Friday, May 24, 2019

Article Index


A. Proposed Cause of Action for Hiring Discrimination Based on Employment Status

The Fair Employment Act of 2011 was one of the first pieces of legislation proposed in response to the trend of employers showing a preference for job candidates who are currently employed. The bill, sponsored by Rep. Henry Johnson, would amend Title VII of the Civil Rights Act of 1964 to forbid employers from discriminating based on employment status. The bill proposes that Title VII be amended to include the phrase “employment status.” Under the bill, “unemployment status” means “being unemployed, having actively looked for employment during the then most recent four-week period, and currently being available for employment.”

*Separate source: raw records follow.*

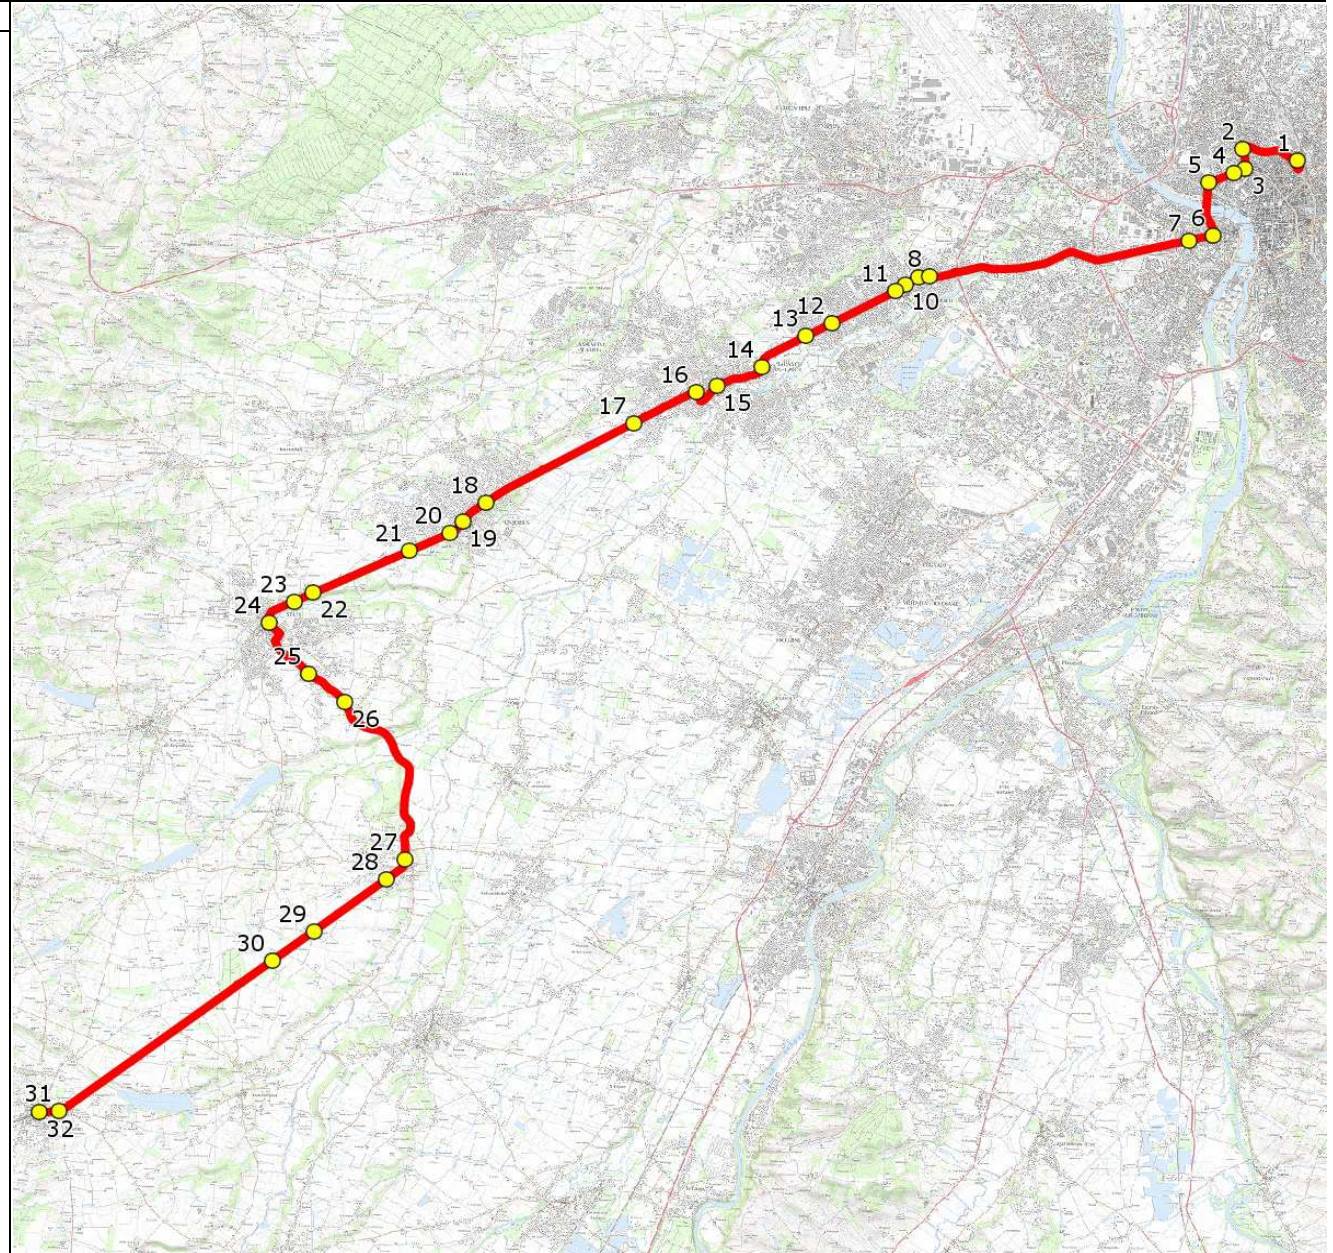

Mise à jour : 27/08/2013

Ligne : TOULOUSE-LP LE SAVES RIEUMES

Ligne N° : S2070 / 84H01

Marché (année de notification-durée) :

Transporteur : REGIE DEPARTEMENTALE DES TRANSPORTS

Km en charge : 45 Km

Nombre de places assises :

Sous-traitant :

Année :

ITINERAIRE INDICATIF (ALLER)

LMMJV--

TOULOUSE	
1. Gare Routière	07:10
2. Av Serres/Ar Pont des Minimes	07:14
3. Bd Lascrosses/Ar Arnaud Bernard	07:15
4. Bd Lascrosses/Ar Compans Cafarell	07:16
5. Bd Lascrosses/Ar Héraclès	07:18
6. Av Billières/Ar StCyprien-Républ.	07:22
7. Av Billières/Ar Patte d'Oie	07:24
TOURNEFEUILLE	
8. Poteaux Centre Commercial	07:34
9. Arrêt Urbain matérialisé _Alphonse Daudet	07:35
10. Arrêt Urbain matérialisé _Montjoie	07:36
11. Abribus Les chênes	07:37
12. Poteaux Collège	07:40
13. Poteaux Mirabeau	07:41
PLAISANCE-DU-TOUCH	
14. ABCD 0836 Loti	07:43
15. Bd Capelles/Ar Plaisance Accueil	07:45
16. R Fauvettes/Ar Monestié	07:47
17. Rte Lombez/R Fronton/AB Fronton	07:50
FONSORBES	
18. ABCDn0020 Cimetière	07:53
19. ABCDn0019 11 Novembre 1918	07:55
20. ABCDn0018 Benech	07:56
21. Rte Tarbes/PCD Cantegraille	07:57
SAINT-LYS	
22. Poteaux Moulin de la Jalousie	07:59
23. Av Toulouse/PCD Maison Retraite	08:00
24. Av Mitterrand/PCD Eglise	08:01
25. ABCDn1665 Lot. Gavachon	08:03
26. ABCDn0882 Mathieu	08:05
SAINT-CLAR-DE-RIVIERE	
27. Place/AB/PCD Mairie	08:10
28. ABCDn1201 Lanauze	08:12
CAMBERNARD	
29. ABCDn0826 Les Galiens	08:14
POUCHARRAMET	
30. ABCDn0951 Nagut	08:15
RIEUMES	
31. ABCDn0961 Giratoire Vidal	08:19
32. LP Privé Le Savès	08:20

The 2011 American Jobs Act included a similar provision. The provision, titled “Prohibition of Discrimination in Employment on the Basis of an Individual's Status as Unemployed,” seeks to: (1) prohibit employers from disqualifying an applicant because of that person's status as unemployed; (2) prohibit employers and employment agencies from publishing or posting advertisements that indicate that an unemployment status disqualifies an applicant from consideration; and (3) eliminate the burdens imposed on commerce created by such practices. The provision explicitly states that employers are still permitted to consider employment history as a consideration in hiring. This statement in the Act underlines the problem that will occur in enforcing this measure: what standards will be used to determine when an employer has focused too heavily on an individual's status as unemployed? If a new cause of action is enacted, courts will likely use the framework for a cause of action under Title VII of the Civil Rights Act of 1964.

* * *

F. Other Criticisms of a Private Cause of Action

Plaintiffs in employment discrimination cases lose at much higher rates than other plaintiffs. A statistical study confirmed that plaintiffs in employment discrimination cases “win a lower proportion of cases during pretrial and at trial. Then, more of their successful cases undergo appeal. On appeal, they have a harder time both in upholding their successes and in reversing adverse outcomes.” Between the years 1998 and 2006, Title VII cases made up nearly seventy percent of employment discrimination cases in U.S. District Courts. Plaintiffs in these cases had a success rate of 10.88%. Plaintiffs also have difficulty surviving on appeal--a favorable verdict for the plaintiff is likely to be reversed while an adverse outcome is unlikely to be reversed. It is clear that there is an anti-plaintiff sentiment among courts in employment discrimination cases. An employment discrimination plaintiff already has a significant burden to overcome in addition to this biased sentiment.